Subsidizing real estate speculation takes money away from necessary uses, such as infrastructure maintenance. Worse than that, is the harm it causes in underwriting the direct destruction of the region's assets, such as the 11 historic buildings razed in downtown Pittsburgh to build a suburban department store, an act which helps to undermine the urban character of the city, or the pending demolition of the Greater Pittsburgh Airport in order to put up some tin-shed air cargo warehouses that people in the air cargo business say are not needed. Worst of all is the indirect destruction that is caused as newhly created land consumptive over-capacity drains existing communities of people and investment, a phenomenon which leads traditional communities to their decline while adding congestion, environmental problems and a larger tax burden to communities on the receiving end, not to mention the forced changes in the residents' lifestyles.

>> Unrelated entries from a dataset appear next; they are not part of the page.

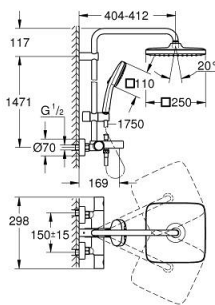

26 691 243 1 TEMPESTA SYSTEM 250 CUBE SISTEM DUȘ CU TERMOSTAT PENTRU CADĂ PENTRU MONTARE PE PERETE

DESCRIEREA PRODUSULUI

- Colour: matte black
- compus din:
- braț de duș 390 mm orizontal cu rotire 45°
- termostat aparent cu funcție Aquadimmer
- permite selectarea între:
- head shower Tempesta 250 Cube
- pulverizare de tip: Rain
- maximum flow rate (at 3 bar): 7.3 l/min
- head shower with black rear cover
- with ball joint, rotation angle $\pm 10^\circ$
- racord cadă
- diverter separat pentru pară de duș
- hand shower Tempesta Cube 110
- 2 tipuri de jet: Rain, Jet
- maximum flow rate (at 3 bar): 5.6 l/min
- ajustabil în înălțime cu element culisant
- shower hose 1750 mm 1/2" x 1/2" (28 388)
- maximum flow rate system (at 3 bar): 7.3 l/min (without bath inlet)
- GROHE EcoJoy tehnologie pentru reducerea consumului de apă
- GROHE TurboStat cartuș compactcu termoelement din ceară
- GROHE SafeStop - oprire de siguranță la 38°C
- limitare opțională de temperatură la 43°C GROHE SafeStop Plus inclusă
- GROHE SmartSwitch - easily rotate the dial to enjoy your preferred spray option
- pulverizare perfectă cu tehnologia GROHE DreamSpray
- protecție de silicon Shockproof ce previne deteriorarea cauzată de căderea dușului
- sistem anti-calcar GROHE SpeedClean
- Inner WaterGuide pentru o durabilitate crescută în utilizare
- funcția TwistStop pentru prevenirea răsucirii furtunului
- compatibil cu boilere de la 18 kW/h
- debit minim 5 l/min.
- professional edition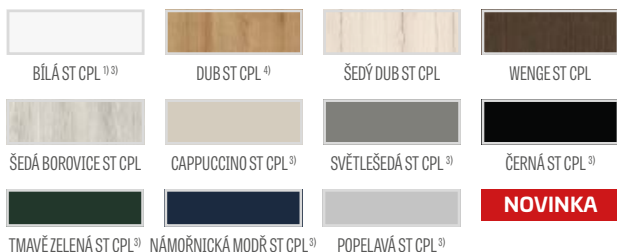

PREMIUM

5547 Kč* / 6712 Kč**

CPL

5547 Kč* / 6712 Kč**

Rámy z lepeného dřeva 4)

KONSTRUKCE

- polodrážkové nebo bezdrážkové křídlo vyrobené rámovou technologií STILE
- svislé a vodorovné rámy z MDF potažené fólií GREKO, PREMIUM, ST CPL nebo ST CPL s povrchovou úpravou AntiFinger.
- svislé rámy z vrstvené lepeného dřeva obložené deskami HDF a MDF⁴⁾
- panely z desky HDF o síle 4 mm s fólií GREKO, CPL nebo PREMIUM
- nástavce k zárubni, koruny a pilastry jsou k dispozici za příplatek str. 147-149
- možnost vlastního zkrácení křídla zákazníkem str. 145

Those who have gambled upon their ability to control public policy to the detriment of the people do not deserve a guaranteed profit. They must accept that they have risked and lost. Speculation is just that, speculation!

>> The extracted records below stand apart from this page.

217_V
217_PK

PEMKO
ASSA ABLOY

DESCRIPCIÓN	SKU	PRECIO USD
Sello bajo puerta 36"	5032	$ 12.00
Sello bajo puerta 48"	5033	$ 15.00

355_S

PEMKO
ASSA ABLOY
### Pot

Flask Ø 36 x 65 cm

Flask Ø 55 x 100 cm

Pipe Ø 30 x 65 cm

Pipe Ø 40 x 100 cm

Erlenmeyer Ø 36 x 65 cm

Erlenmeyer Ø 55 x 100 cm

We must immediately pull the plug on the subsidies that are destroying our communities! TOP /\
Zoning and land use restrictions are not the perfect solution. They reduce the ability of property investors to implement the most effective use of their land. The most dynamic parts of the region's traditional communities were built without zoning. Following an organic trial & error approach, small establishments started, failed, and were replaced; those that worked best continued on. Owners were free to build from one edge of their property to the other, making the buildings and communities that can't be duplicated today.
The model zoning ordinances of the mid-twentieth century outlawed the traditional urban form and established a suburban model that was superimposed upon traditional cities and towns. These ordinances forbade the addition of more urban form and even its replacement with urban form. The buildings of our traditional communities have survived as "exceptions" that are "grandfathered in," and they often require special "variances" to change uses.

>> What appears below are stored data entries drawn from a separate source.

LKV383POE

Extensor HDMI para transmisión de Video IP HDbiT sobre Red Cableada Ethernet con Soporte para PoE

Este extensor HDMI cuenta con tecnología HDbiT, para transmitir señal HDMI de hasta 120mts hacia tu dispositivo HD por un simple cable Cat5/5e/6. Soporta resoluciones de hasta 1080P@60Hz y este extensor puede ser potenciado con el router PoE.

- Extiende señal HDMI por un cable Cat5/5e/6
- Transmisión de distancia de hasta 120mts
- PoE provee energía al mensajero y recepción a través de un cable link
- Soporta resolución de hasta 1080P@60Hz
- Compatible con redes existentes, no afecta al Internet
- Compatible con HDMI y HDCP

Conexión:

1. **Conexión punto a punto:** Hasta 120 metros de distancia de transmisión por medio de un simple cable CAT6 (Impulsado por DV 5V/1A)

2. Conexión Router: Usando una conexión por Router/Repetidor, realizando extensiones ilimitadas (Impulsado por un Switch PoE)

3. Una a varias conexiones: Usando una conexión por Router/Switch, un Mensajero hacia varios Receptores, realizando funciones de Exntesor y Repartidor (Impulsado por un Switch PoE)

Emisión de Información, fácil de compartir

Zoning and restrictions such as the growth boundary have been determined by the courts to pass the constitutional muster, and there are instances where they can have some limited beneficial influence. (Zoning is best used to protect an existing community area from changes or an intrusion of uses that would undermine it; preservation of an area's historic character is an excellent example.) However, they are overused and should be religated to a minor role in the effort to reverse suburban sprawl. TOP /\
One restriction gaining popularity as the ultimate in sprawl control is the growth boundary. First implemented in Portland, Oregon, the growth boundary is a line drawn around a metropolitan area, beyond which no suburban uses are permitted (except that in Portland a five acre zoning was "grandfathered" in a few places outside the growth boundary and is now used in those areas for what Portlanders call "McMansions"). The growth boundary does effectively contain sprawl and keep it from moving outward as it would normally do, however, within it, the outmigration and land consumption of un-utilized areas continues.
There are similarities between the growth boundary concept and municipal zoning. Compared to the pinball effect of municipal zoning, the growth boundary is more like the bumper on a billiard table, bouncing land consumptive uses inward until they find some place within. While the growth boundary does contain suburban sprawl, as with zoning it does little to slow or control the land consumptive uses within, and it does nothing to stop or reverse the continuing proliferation of automotive based suburbs.
Despite this, contrary to the Pittsburgh Tribune Review reports of dissention in Portland over the growth boundary, Portlanders are insistent that the growth boundary remain as is. A few years ago, the regional planning agency in the metro Portland area found itself faced with a burgeoning population that was growing faster than had been anticipated when the growth boundary was first drawn. The agency proposed extending the boundary farther out in order to make way for more people as the area's population grows, and the matter was placed on the ballot. Furious voters overwhelmingly defeated it. — They wanted their growth boundary, and they wanted it to stay just the way it is! It is now considered a settled issue among most Portlanders.
The Portland metropolitan area has chiefly relied upon the planning process and its instruments of zoning and design restrictions, upsetting some real estate speculators. They are struggling against the same land consumptive pressures that plague the rest of the country and they have not succeeded in achieving much more than containment using the growth boundary.